Problem :: Within the records below, repeat each line exactly but keep every picture out of the copy.

§ §

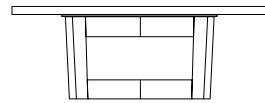

42", 48", 54" or 60"

42", 48", 54" or 60"

live edge option

16"

single slab option (no center reveal)

Duette Square Cocktail Table

42"W x 42"D x 16"H
48"W x 48"D x 16"H
54"W x 54"D x 16"H
60"W x 60"D x 16"H

Duette Round Cocktail Table

42"W x 42"D x 16"H
48"W x 48"D x 16"H
54"W x 54"D x 16"H
60"W x 60"D x 16"H

48", 54" or 60"

28", 32" or 36"

live edge option

28", 32" or 36"

48", 54" or 60"

16"

Duette Rectangular Cocktail Table X-Base

48"W x 28"D x 16"H
54"W x 32"D x 16"H
60"W x 36"D x 16"H

Duette Rectangular Cocktail Table

48"W x 28"D x 16"H
54"W x 32"D x 16"H
60"W x 36"D x 16"H

DESCRIPTION	FINISH OPTIONS	
Duette Table: Solid wood table top. Solid wood base with levelers. Custom Orders: Custom sizes, woods and finishes are available. Please request a price quotation.	Standard - Natural / Stained: Ash, Bronze Ash, Burnt Ash, Ebonized Ash, Grey Ash, Mahogany, Medium Mahogany, Oak, Bluff Oak, Grey Oak, Fumed Oak, Walnut, Medium Walnut, Dark Walnut, Ebonized Walnut, Grey Walnut, Silver Walnut, Terra Walnut, Bronze Walnut, Claro Toned Walnut.	Premium - Cerused / Bleached: Bleached Ash, Cerused Ash, Cerused Bronze Ash, Cerused Burnt Ash, Cerused Mahogany, Cerused Dark Mahogany, Bleached Walnut, Cerused Walnut, Cerused Grey Walnut, Cerused Silver Walnut, Cerused Bronze Walnut, Cerused Oak.

§ §

Reply ::
42", 48", 54" or 60"

42", 48", 54" or 60"

live edge option

16"

single slab option (no center reveal)

Duette Square Cocktail Table

42"W x 42"D x 16"H
48"W x 48"D x 16"H
54"W x 54"D x 16"H
60"W x 60"D x 16"H

Duette Round Cocktail Table

42"W x 42"D x 16"H
48"W x 48"D x 16"H
54"W x 54"D x 16"H
60"W x 60"D x 16"H

48", 54" or 60"

28", 32" or 36"

live edge option

28", 32" or 36"

48", 54" or 60"

16"

Duette Rectangular Cocktail Table X-Base

48"W x 28"D x 16"H
54"W x 32"D x 16"H
60"W x 36"D x 16"H

Duette Rectangular Cocktail Table

48"W x 28"D x 16"H
54"W x 32"D x 16"H
60"W x 36"D x 16"H

DESCRIPTION	FINISH OPTIONS	
Duette Table: Solid wood table top. Solid wood base with levelers. Custom Orders: Custom sizes, woods and finishes are available. Please request a price quotation.	Standard - Natural / Stained: Ash, Bronze Ash, Burnt Ash, Ebonized Ash, Grey Ash, Mahogany, Medium Mahogany, Oak, Bluff Oak, Grey Oak, Fumed Oak, Walnut, Medium Walnut, Dark Walnut, Ebonized Walnut, Grey Walnut, Silver Walnut, Terra Walnut, Bronze Walnut, Claro Toned Walnut.	Premium - Cerused / Bleached: Bleached Ash, Cerused Ash, Cerused Bronze Ash, Cerused Burnt Ash, Cerused Mahogany, Cerused Dark Mahogany, Bleached Walnut, Cerused Walnut, Cerused Grey Walnut, Cerused Silver Walnut, Cerused Bronze Walnut, Cerused Oak.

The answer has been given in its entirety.